А Верочка сошла с ума. Она играла с нами в песочные куличики и куклы, ссорилась с нами, плакала, обиженно растягивая мокрый рот: "За сто вы меня обизяете?" Ей было тогда лет тридцать. Как мне сейчас.

"За сто вы меня обизяете?"…

45. АЛЕШКА. ИЗ ПЕЧЕНЕГОВ В ПОЛОВЦЫ

День начался кошмаром – полыхающий, протяжный, хлещущий крик соседки Нинки сошвырнул меня с дивана, выволок в коридор, протащил до ее двери и втолкнул в грязную неухоженную комнату. Мальчишки Колька и Толька сидели на кровати и ревели, глядя на заходящуюся от крика Нинку. Она кричала страшно, на одной ноте, разевая широко безгубый сомовий рот, показывая мне пальцем на потолок и на середину комнаты.

Тошнота подступила у меня к горлу. Намокшая от протечки на потолке штукатурка рухнула и на пол вывалилось большое крысиное гнездо. Розовые маленькие тельца с длинными хвостами копошились и ползали среди обломков и пыли по паркету.

Они пищали.

Надо было подойти к Нинке, но для этого надо было миновать эти розовые омерзительные ползающие существа, я не мог ступить шагу.

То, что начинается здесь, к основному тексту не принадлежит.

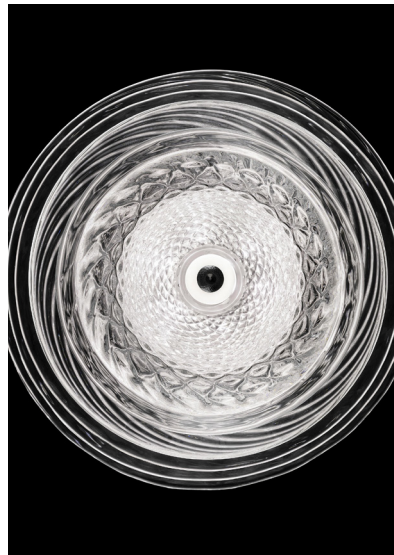

CAMPANULA

This collection combines traditional craftsmanship with a contemporary approach to composition. With 8 versions available, the protagonist Venetian Crystal, Campanula is the perfect embodiment of a floral archetype.

7432:

16 1/2" W X 39 1/4"-78 1/2" H
1 X 12.6W LED DIMMABLE
35 LBS

7433 / 7434:

14 1/2" W X 39 1/4"-78 1/2" H
1 X 12.6W LED DIMMABLE
22 LBS (7433) / 17.5 LBS (7434)

7435 / 7436:

16 1/2" W X 31 1/2"-70 1/2" H
1 X 12.6W LED DIMMABLE
28.5 LBS (7435) / 20 LBS (7436)

7437 / 7438:

16 1/2" W X 31 1/2"-70 1/2" H
1 X 6.3W LED DIMMABLE
22.5 LBS (7437) / 20 LBS (7438)

7439:

14 1/2" W X 31 1/2"-70 1/2" H
1 X 6.3W LED DIMMABLE
15.5 LBS

CAMPANULA

IIPL

PLUGLIGHTING.COM
INFO@PLUGLIGHTING.COM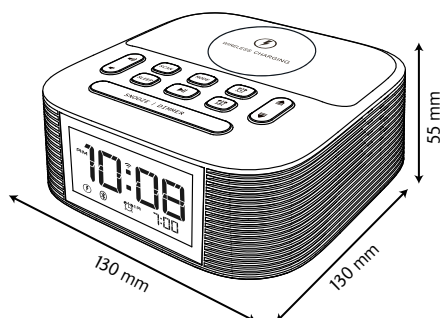

Drawing

Box contents: ALARM CLOCK, USER MANUAL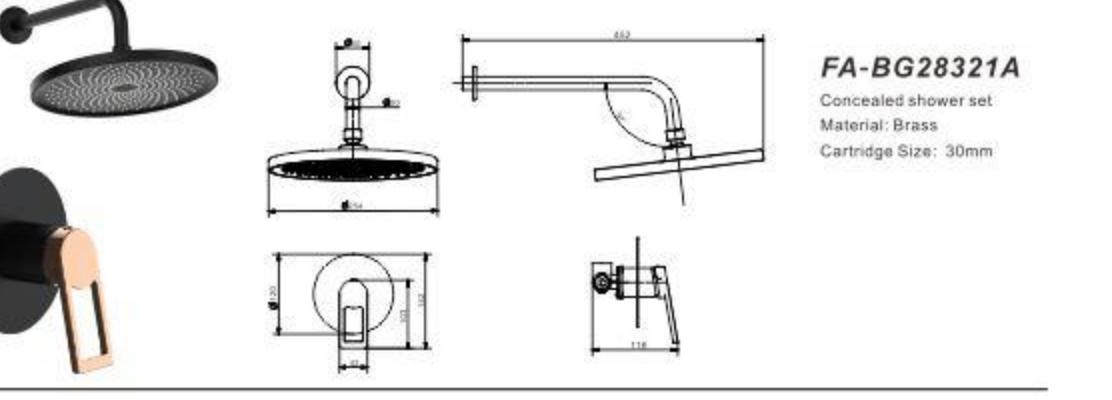

**FA-BG28304**  
Kitchen mixer faucet  
Material: Brass  
Cartridge Size: 30mm

**FA-BG28319A**  
Concealed basin mixer faucet  
Material: Brass  
Cartridge Size: 30mm

**FA-BG28302**  
Shower mixer faucet  
Material: Brass  
Cartridge Size: 30mm

**FA-BG28325**  
Concealed shower faucet  
Material: Brass  
Cartridge Size: 30mm

**FA-BG28303**  
Bathhub mixer faucet  
Material: Brass  
Cartridge Size: 30mm

**FA-BG28321B**  
Concealed shower faucet  
Material: Brass  
Cartridge Size: 30mm

**FA-BG28321**  
Concealed shower faucet  
Material: Brass  
Cartridge Size: 30mm

**FA-BG28321A**  
Concealed shower set  
Material: Brass  
Cartridge Size: 30mm

**FA-BG28325A**  
Concealed shower set  
Material: Brass  
Cartridge Size: 30mm

Venice

**FA-BG28328A**  
Concealed shower faucet  
Material: Brass  
Cartridge Size: 30mm

**FA-28301**  
Basin mixer faucet  
ø25mm

**FA-28301A**  
Basin mixer faucet  
ø25mm

**FA-28319A**  
Concealed basin mixer faucet  
ø30mm

Нинка, не переставая кричать и не отрываясь от крысят взглядом, бочком пошла вдоль стены, вспрыгнула на кровать, пробежала, соскочила, отпихнула меня от двери и с визгом помчалась по коридору, глухо стукнула где-то далеко входная дверь.

Вошел в комнату Евстигнеев – багрово распухший, с невидимыми в складках глазами. Под мышкой у него висел бесхвостый бурый кот.

– Ешь, кыся, ешь их, падлов, врагов народа, – сказал Евстигнеев и бросил кота на пол. Пружинистой упругой походкой кот прошел к рассыпленному гнезду, оглянулся на нас немигающим строгим взглядом и с тихим злым урчанием стал грызть розовую хвостатую мерзость.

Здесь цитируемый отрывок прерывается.